= Visual neuroscience =

Visual neuroscience is a branch of neuroscience that focuses on the visual system of the human body, mainly located in the brain's visual cortex. The main goal of visual neuroscience is to understand how neural activity results in visual perception, as well as behaviors dependent on vision. In the past, visual neuroscience has focused primarily on how the brain (and in particular the visual cortex) responds to light rays projected from static images and onto the retina. While this provides a reasonable explanation for the visual perception of a static image, it does not provide an accurate explanation for how we perceive the world as it really is, an ever-changing, and ever-moving 3-D environment. The topics summarized below are representative of this area, but far from exhaustive. To be less topic specific, one can see this textbook for the computational link between neural activities and visual perception and behavior: "Understanding vision: theory, models, and data", published by Oxford University Press 2014.

==Face processing==
A recent study using Event-Related Potentials (ERPs) linked an increased neural activity in the occipito-temporal region of the brain to the visual categorization of facial expressions.
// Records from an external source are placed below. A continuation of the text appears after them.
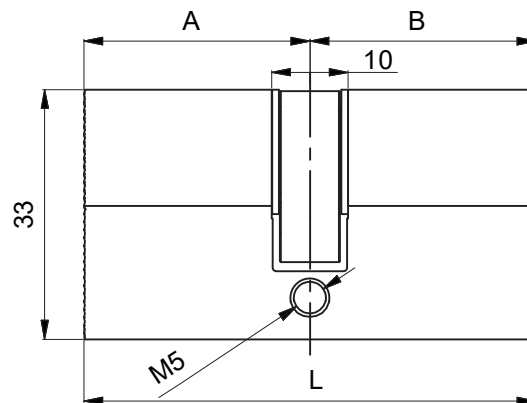

Serie 1200

Serratura a cilindro con Profilo Europeo RS2

Descrizione

Serratura a cilindro con Profilo Europeo meccanicamente Ri-Programmabile per applicazioni professionali

Caratteristiche tecniche

- Sistema: meccanicamente Ri-Programmabile con 7 milioni di chiavi diverse
- Materiale corpo: ottone
- Cambio chiave: 180°
- Camma inclinata a 28° per funzione antistrappo

Resistente a:

- Bumping
- Picking
- Foratura

Misure disponibili

L	A	B
62	31	31
66	31	35
71	31	40
76	31	45
81	31	50
66	35	31
70	35	35
75	35	40
80	35	45
85	35	50
71	40	31
75	40	35
80	40	40
85	40	45
90	40	50
76	45	31
80	45	35
85	45	40
90	45	45
95	45	50
81	50	31
85	50	35
90	50	40
95	50	45
100	50	50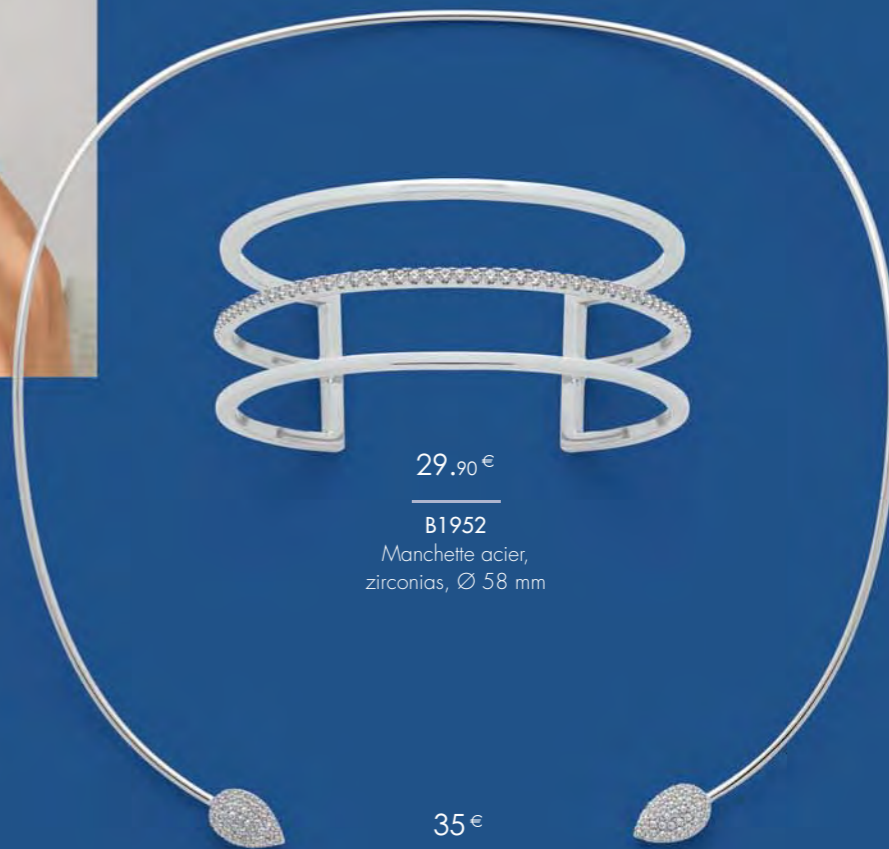

Bracelet rigide acier,  
ouvrant, Ø 60 mm

19 €

B2800

Bracelet rigide acier,  
miyuki, Ø 60 mm

35 €

C1910

Collier plaqué argent, zirconias, réglable de 40 à 45 cm

32 €

A2990

Bague plaqué argent, zirconias, taille 52 à 62

29.90 €

D2855

Boucles d'oreilles plaqué argent, zirconias

29 €

B2392

Bracelet plaqué argent, zirconias, réglable de 16 à 19 cm

59 €

D3127

Boucles d'oreilles argent, topaze bleue, zirconias

Topaze bleue

49 €

A3126

Bague argent, zirconias, topaze bleue, taille 50 à 64

Bijoux en taille réelle

29.90 €

B1952

Manchette acier, zirconias, Ø 58 mm

39 €

A2892

Bague argent, zirconias, taille 52 à 60

35 €

A2946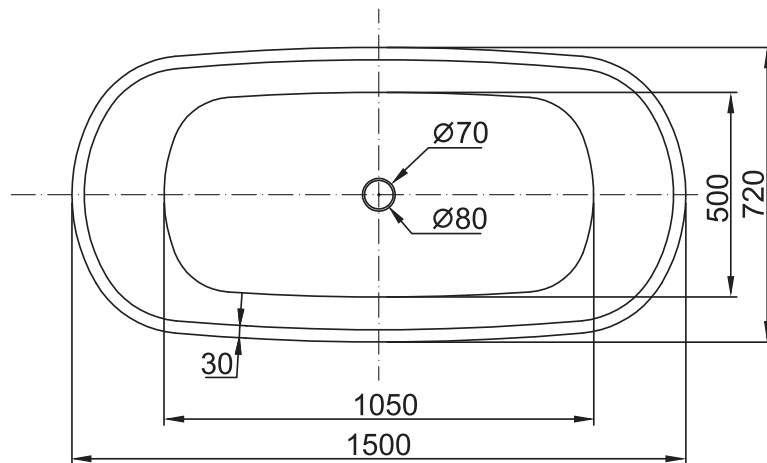

BelBagno
bella bagni e' vita bella

Disegno Italiano
www.belbagno.com.au

BADEN BATH

1500x720x570

BelBagno Code

BB2572

276L
Capacity

44KG
Bath weight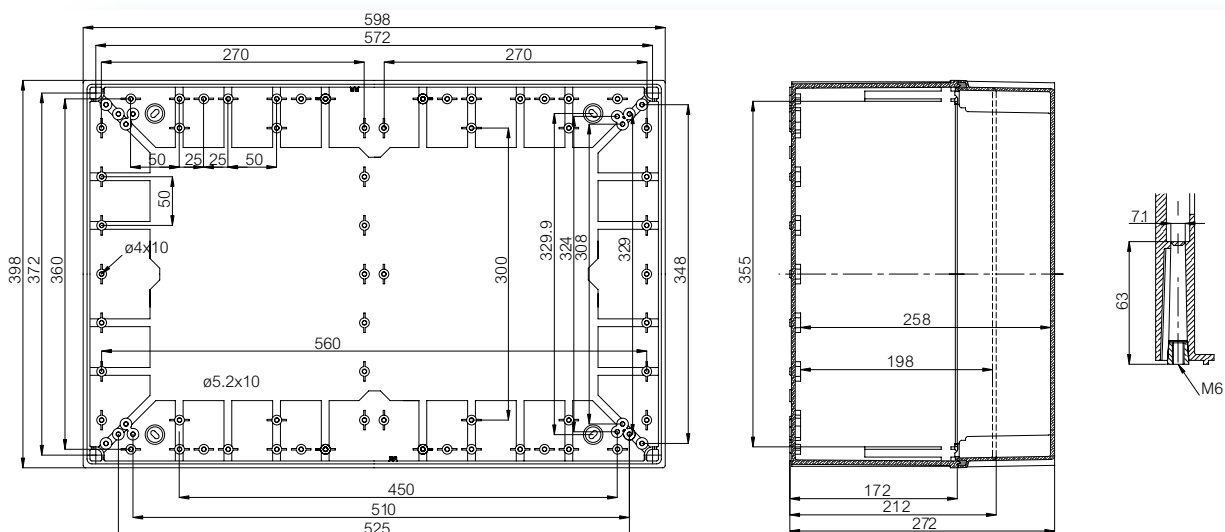

Tillbehör

Benämning	E-nr	Storlek mm	Beskrivning
EKIV 64H		570 x 370	Montageplåt (Galvaniserat stål)
EKIV 37	2539366	35 x 366	Montageskena DIN 35
FP A 64	2540015	568 x 366	Frontplåt/swing door (aluminium)
MB 12225 AL	2540173		Gångjärnssats/Swing door ▪ inkl. hållare och hörndetaljer
FP 18x3-64		578 x 378	Frontplåt ▪ 3x18 moduler
DRF 63/64			DIN skenor ▪ inkl. 2 skenor, hållare och skruvar
MBT 12016	2539330		Gångjärnsset ▪ Bara till QUICK

Results focus on a negative peak in the ERP that occurs 170 milliseconds after the stimulus onset. This action potential, called the N170, was measured using electrodes in the occipito-temporal region, an area already known to be changed by face stimuli. Studying by using the EEG, and ERP methods allow for an extremely high temporal resolution of 4 milliseconds, which makes these kinds of experiments extremely well suited for accurately estimating and comparing the time it takes the brain to perform a certain function. Scientists used classification image techniques, to determine what parts of complex visual stimuli (such as a face) will be relied on when patients are asked to assign them to a category, or emotion. They computed the important features when the stimulus face exhibited one of five different emotions. Stimulus faces exhibiting fear had the distinguishing feature of widening eyes, and stimuli exhibiting happiness exhibited a change in the mouth to make a smile. Regardless of the expression of the stimuli's face, the region near the eyes affected the EEG before the regions near the mouth. This revealed a sequential, and predetermined order to the perception and processing of faces, with the eye being the first, and the mouth, and nose being processed after. This process of downward integration only occurred when the inferior facial features were crucial to the categorization of the stimuli. This is best explained by comparing what happens when participants were shown a face exhibiting fear, versus happiness. The N170 peaked slightly earlier for the fear stimuli at about 175 milliseconds, meaning that it took a participants less time to recognize the facial expression. This is expected because only the eyes need to be processed to recognize the emotion. However, when processing a happy expression, where the mouth is crucial to categorization, downward integration must take place, and thus the N170 peak occurred later at around 185 milliseconds. Eventually visual neuroscience aims to completely explain how the visual system processes all changes in faces as well as objects. This will give a complete view to how the world is constantly visually perceived, and may provide insight into a link between perception and consciousness.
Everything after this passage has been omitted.